Amazon Patent für Wearable Armband
© Amazon / USPTO (Quelle: theguardian.com)

Amazons Umgang mit Mitarbeitern
Stellt sich die Frage, wie sich die Armbänder allerdings von anderen technischen Hilfsmitteln unterscheiden. Auch Datenbrillen erlauben tendenzielle eine Überwachung der Mitarbeiter. Die bisher bei Amazon eingesetzten MDE-Geräte stehen auch in der Kritik. Sobald technische Erweiterungen zum Einsatz kommen, ist eine Überwachung der Mitarbeiter möglich – und teilweise auch notwendig. Die Auswertung der gewonnen Daten kann zur Optimierung der Prozesse beitragen. Die Pickleistung ist in einem Lager eine wirtschaftlich relevante Kennzahl. Wer als Leiter eines Lagers keinen Überblick darüber hat, macht keinen guten Job.

Warum ist das Patent von Amazon also so ein Aufreger? Tendenziell geht es wahrscheinlich weniger um das Wearable an sich, sondern um Amazon und deren Umgang mit ihrem Personal. Amazon steht generell in der Kritik, weil es immer wieder heißt, dass den Mitarbeitern extreme Leistungen abverlangt werden. Wer seine Picker so am Limit hält, dem wird automatisch unterstellt, dass das Armband mehr zur Überwachung dient als zur Unterstützung. Generell sind Wearabels in der Logistik eine gute Sache, da sie die Mitarbeiter unterstützen und ihnen beispielsweise freie Hände ermöglichen. Doch Amazons Patent scheint weniger unterstützen als auszuspionieren zu wollen.

Amazons Logistik ist eine gut geölte Maschine und der Konzern wird auch künftig dafür sorgen, dass es so bleibt.

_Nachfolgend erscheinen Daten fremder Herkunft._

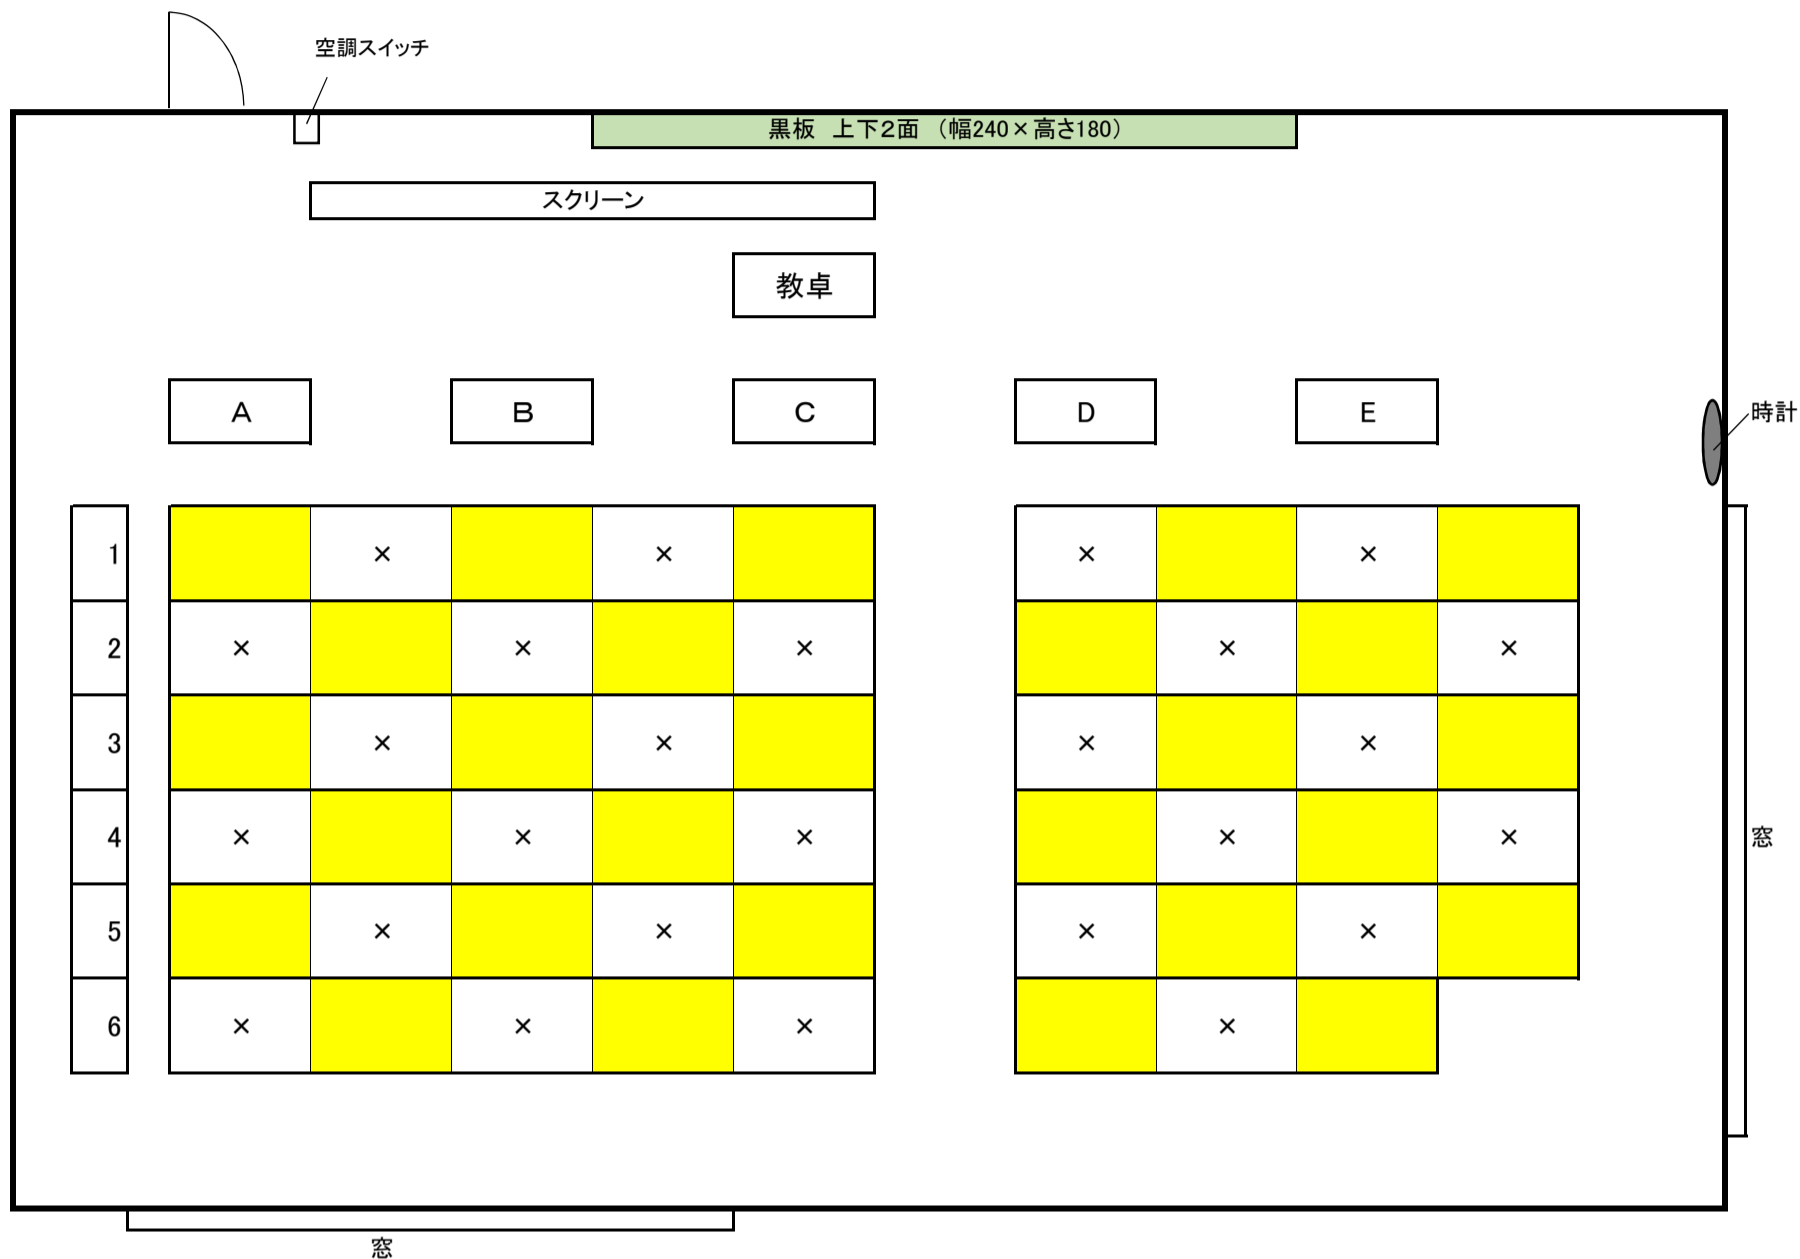

教室配置図

教室名 **1221教室**

コロナウイルス対応時の授業収容人数	27
-------------------	----

※ 黄色に着色している座席のみ、利用可能です。

Das Patent für das Wearable ist dafür nur ein weiteres Zeichen. Da es sich aber wie gesagt bisher nur um ein Patent handelt, sollte nicht schon im Vorfeld aus einer Mücke ein Elefant gemacht werden. Zudem weißt die t3n darauf hin, dass eine „ solche Maßnahme, die den Mitarbeiter so intensiv überwachen kann“, nach deutschem Arbeitsrecht ohnehin kaum denkbar ist. Allein in gefährlichen Industrien wie der Chemieindustrie, dem Bergbau oder auf Ölbohrplattformen wäre ein Einsatz gerechtfertigt.